══ EXTRACTED DATA

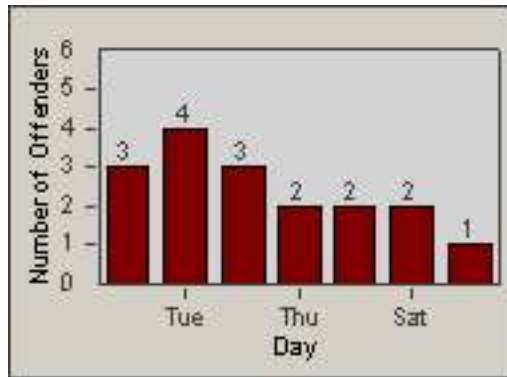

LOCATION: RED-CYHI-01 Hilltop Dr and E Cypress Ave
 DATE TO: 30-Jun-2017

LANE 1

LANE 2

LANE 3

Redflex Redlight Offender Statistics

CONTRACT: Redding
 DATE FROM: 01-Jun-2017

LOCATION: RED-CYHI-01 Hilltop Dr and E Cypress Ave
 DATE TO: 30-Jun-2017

════

Write out the entries above verbatim, without pictures.

LOCATION: RED-CYHI-01 Hilltop Dr and E Cypress Ave
 DATE TO: 30-Jun-2017

LANE 1

LANE 2

LANE 3

Redflex Redlight Offender Statistics

CONTRACT: Redding
 DATE FROM: 01-Jun-2017

LOCATION: RED-CYHI-01 Hilltop Dr and E Cypress Ave
 DATE TO: 30-Jun-2017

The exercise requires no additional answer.